Iron has a number of biological functions in animals including fish. It is well known that dietary iron modulates the antioxidant defense system such as glutathione peroxidase (GSH) and superoxide dismutase (SOD) by preventing free radical production and lipid peroxidation (MDA). By monitoring several biomarkers such as SOD, GSH and MDA after dietary administration of nano-Fe, it was found that no oxidative damages were found. In contrast to this, Li et al. 2009 suggested that waterborne iron nanoparticle causes oxidative damages at the early exposure period in medaka embryo. However, no terminal oxidative damage occurred during the whole exposure period due to the self-recovering capacity of adult fish (Li et al. 2009).
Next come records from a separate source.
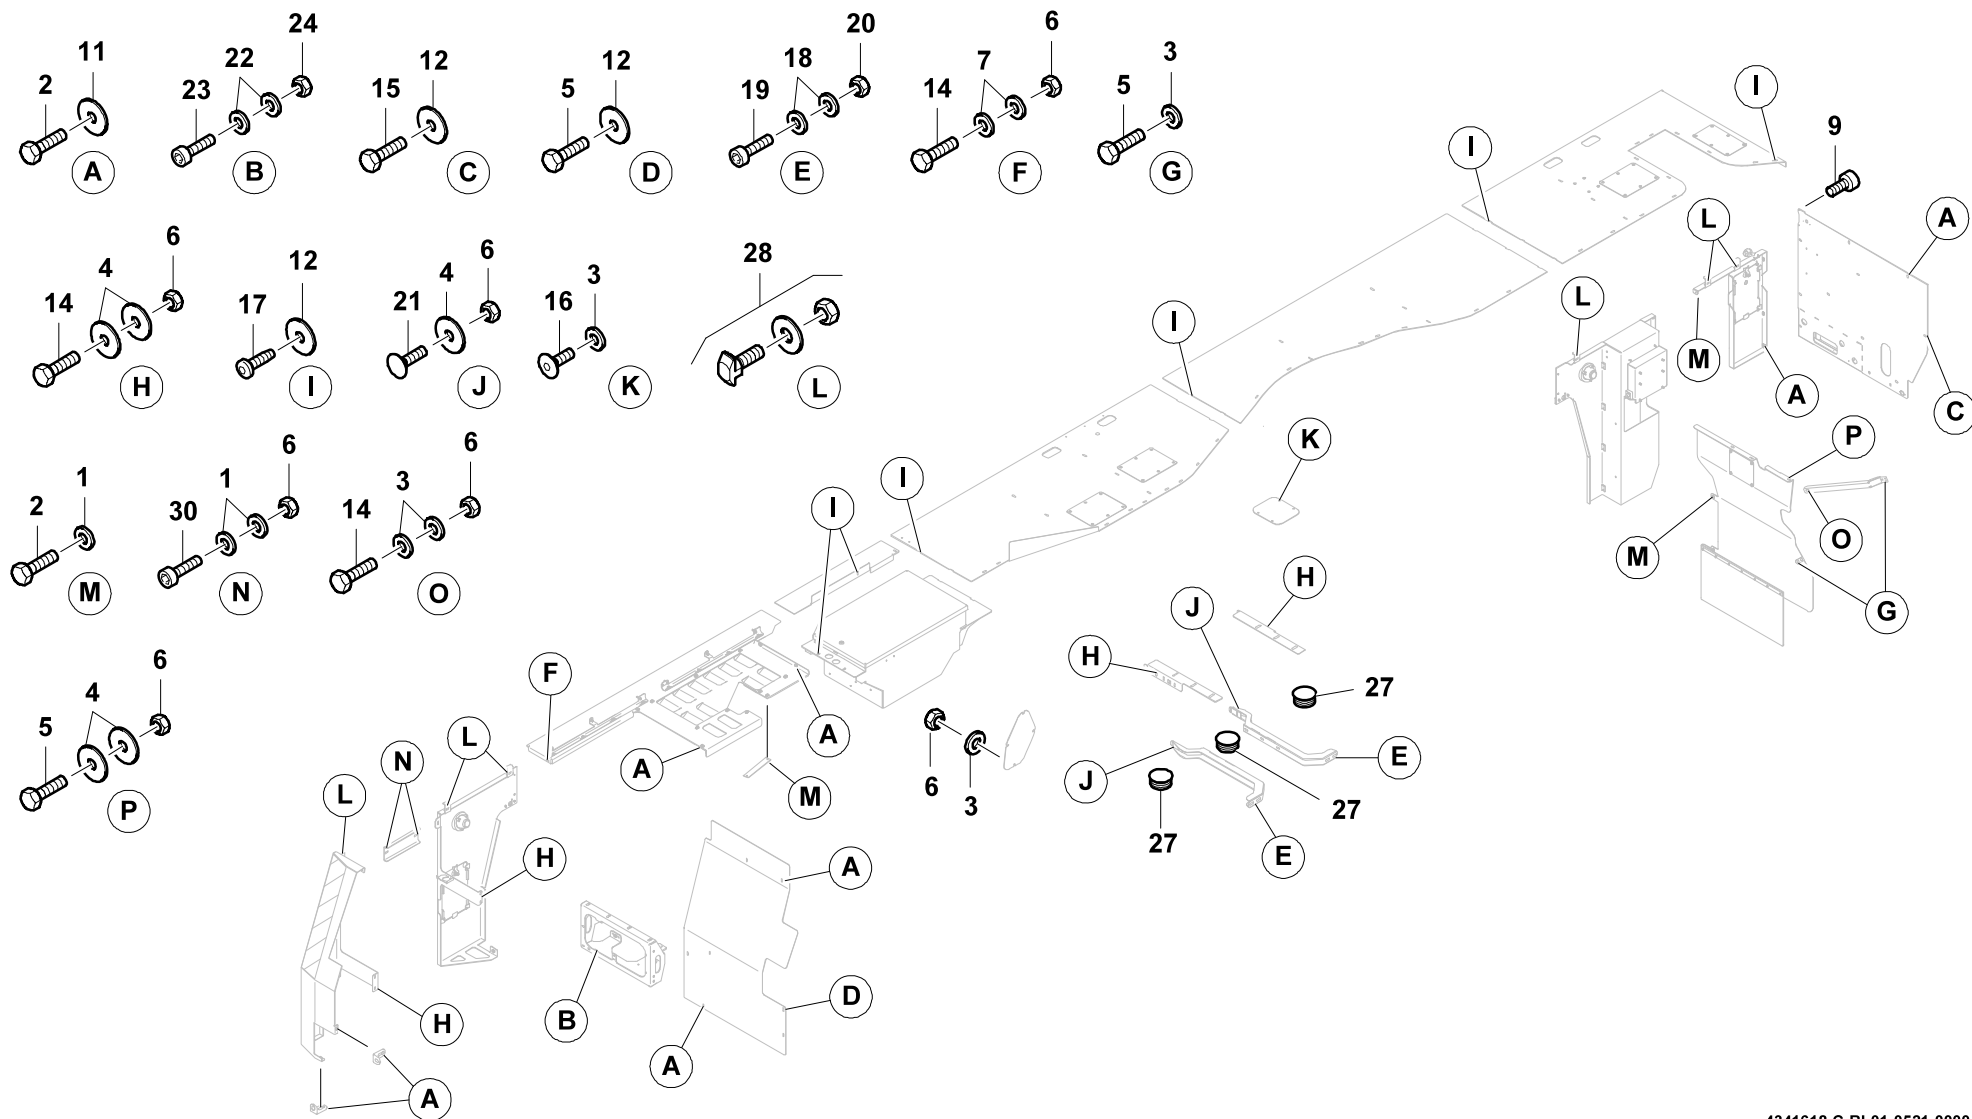

GROVE

BEFESTIGUNGSMATERIAL

MOUNTING MATERIAL

BILDТАFEL
PICTORIAL DISPLAY**GMK4080-3**

05.21

4341618-ETL C

1/4

GROVE

BEFESTIGUNGSMATERIAL

MOUNTING MATERIAL

BILDTADEL
PICTORIAL DISPLAY

GMK4080-3

05.21

4341618-ETL C

2/4

GROVE

BEFESTIGUNGSMATERIAL

MOUNTING MATERIAL

BILDTADEL
PICTORIAL DISPLAY

GMK4080-3

05.21

4341618-ETL C

4/4
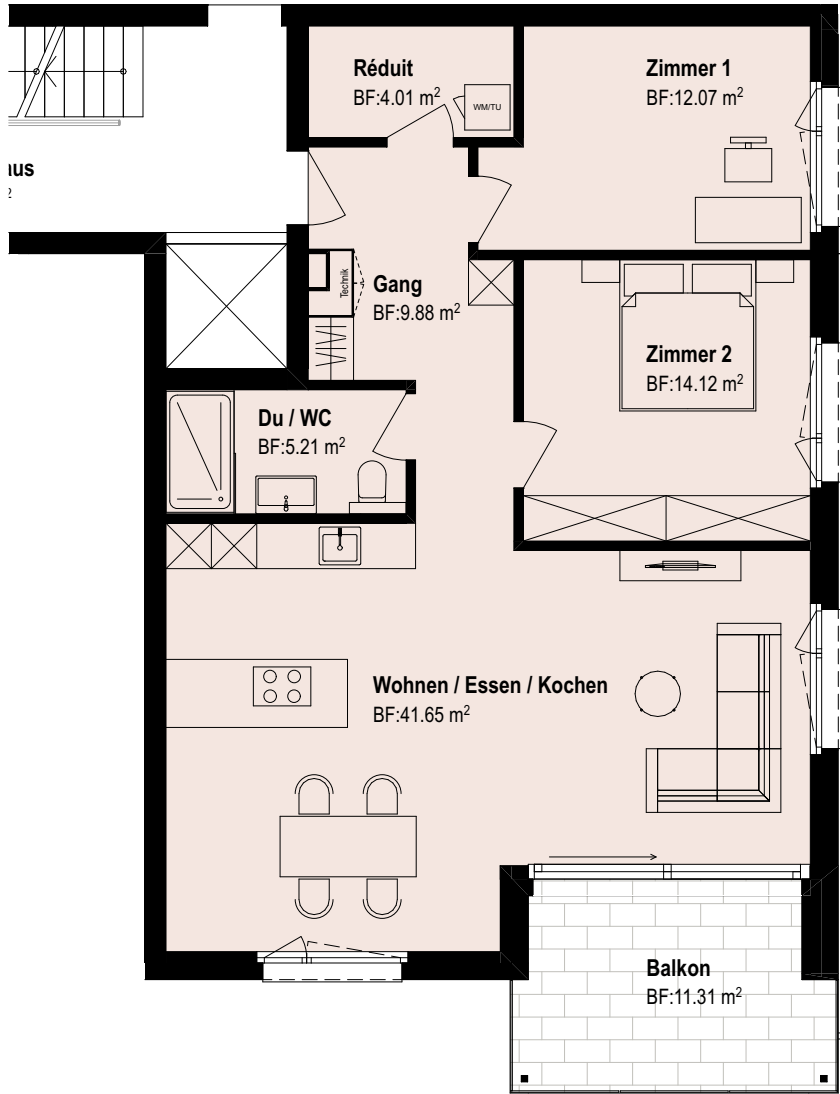

Wohnüberbauung Burghaldenpark Herznach

Haus A - 3.5 Zi. Wohnung A-2.1 - 2. Obergeschoss

Wohnfläche	86.9 m ²
Balkon	11.3 m ²
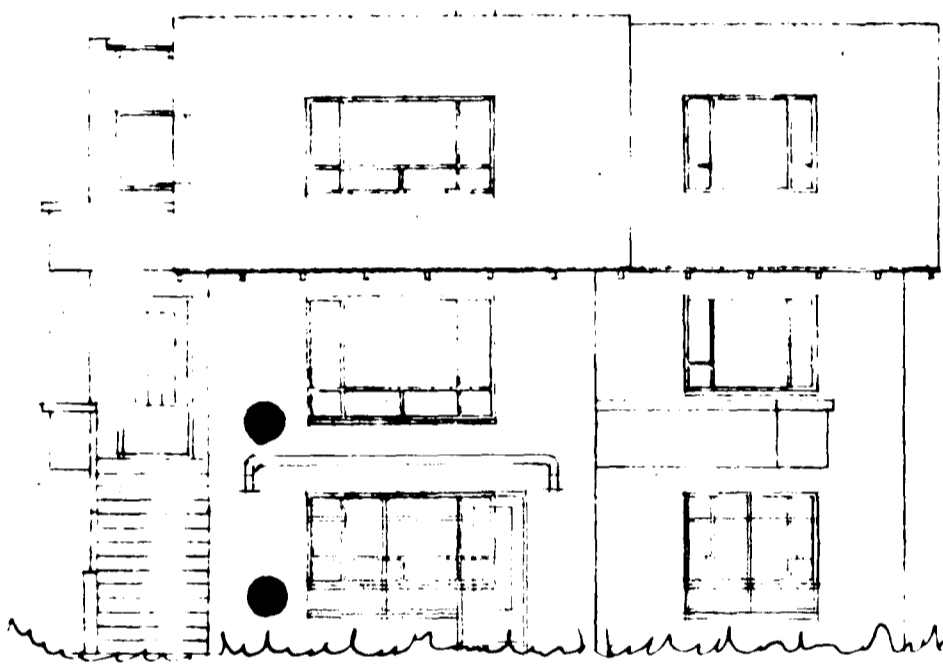

Afstöðamynd 1:500

Hringbraut.

Mæl. kv. 1:100.

Byggingarfulltrúinn
Sigurður
Samþykkt á fundi byggingarfulltrúinnar,
haldinn 7. nóv. 1956.,
BEIARVEKKADEIÐ
17/8 57

Súðaustur.

Norðvestur.

Þverskurður.

Norðaustur.

Kjallarahöf

1. hæð

Þakkað

Súðvestur. Reykingar 10/8 1957

Reykjavík 8-5 1956
Sigurður Jónsson
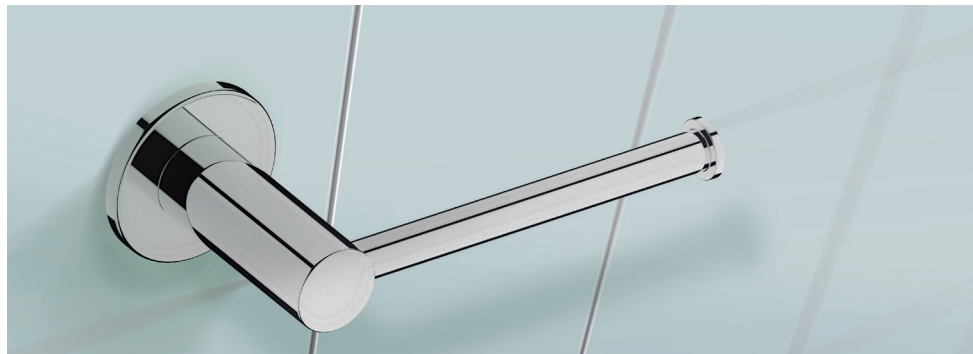

SMILE

Przyjemność z użytkowania

AKCESORIA UMYWALKOWE

Mydelniczka
szklana

ASM02

Szklanka
pojedyncza

ASM03

Dozownik
na mydło

ASM34

Wieszak
pojedynczy

ASM05

Wieszak
na ręcznik
podwójny

ASM06

Wieszak
na ręcznik
pojedynczy
450 mm

ASM07

WIESZAKI NA RĘCZNIKI

Wieszak
na ręcznik
pojedynczy
600 mm

ASM09

Wieszak
na ręcznik
podwójny
600 mm

ASM10

Półka na
ręczniki
z wieszakiem
na ręcznik

ASM35

ASM14

ASM33

AKCESORIA WC
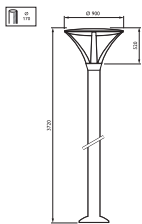

Похожие продукты

Городской светильник Lightcolumn с асимметричным диском рефлектора (GGP442) и декоративной крышкой основания колонны (ZGP440)

Чертеж размеров

GGP441

GGP442

Чертеж размеров

HGP441/442/443

Аксессуары
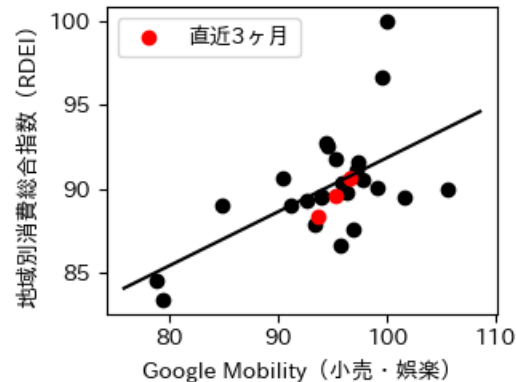

奈良県

※灰色の帯は緊急事態宣言・まん延防止等重点措置実施期間に対応
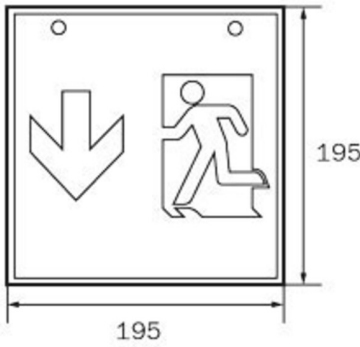

Art.-Nr: WGW411SC
Luminaire à pictogramme Alimentation
Lampes cubes en plastique Mur, SelfControl (SC), 1 h, 46 m,
IP20, Métal, blanc

Grâce à sa forme cubique, ce luminaire en plastique est bien visible des quatre côtés. Il est ainsi idéal pour des applications avec des croisements de voies comme dans les grands magasins avec des allées de rayonnages. La sécurité au moment de la planification est assurée grâce à des pictogrammes imprimés prédéfinis de manière logique. Luminaire à pictogramme de secours LED conforme à DIN EN 60598-1, DIN EN 60598-2-22, DIN EN 7010 et DIN EN 1838.

Surveillance automatique de la lampe de sécurité avec SelfControl.

Plus d'informations

www.rp-group.com/fr/item/WGW411SC

DONNÉES TECHNIQUES

Type de luminaire	Luminaire à pictogramme
Type d'installation	Mur
Distance de reconnaissance	46 m
Pictogramme	Set
Ampoules	LED
Matériel du boîtier	Métal
Couleur du boîtier	blanc
Type de protection (IP)	IP20
Résistance aux impacts (IK)	≥ 3
Certification	WEEE, CE
Classe de protection	1
Surveillance	SelfControl (SC)
Temps d'autonomie	1 h
Batterie	6,4 V 1,6Ah Ah/
Puissance max.	6,4 W
Puissance DS	5,6 W
Puissance BS	0,9 W
Température ambiante DS	-5 °C - 40 °C
Température ambiante BS	-5 °C - 40 °C

Profondeur	237 mm
Largeur	237 mm
Hauteur	237 mm
Poids	1.28
Poids, emballage inclus	1.42
Numéro du tarif douanier	94056120
EAN	4260766556838

DESSIN TECHNIQUE

WG

WK

WX

LISTE DES ACCESSOIRES

LFP3216-SET-2AKKU - CS_VALUE_BatteryTechnology. Batterie

However, in the present study, iron supplemented in the basal diet could improve the SOD and GSH activity irrespective of different iron sources (nano-Fe and ferrous sulfate).

In conclusion, this research demonstrated that different iron sources (nano-Fe and ferrous sulfate) supplemented in the basal diet could improve the final weight and antioxidant enzymatic activities, and induce hematological and immunological parameters of Indian major carps, Labeo rohita H. Moreover, nano-Fe appeared to be more effective than ferrous sulfate in increasing muscle iron and hemoglobin content. Its promising role in raising hemoglobin level may be used in future to treat anemic fish. Despite these promising results, future studies are needed for a complete evaluation of its wide application in various species of fish.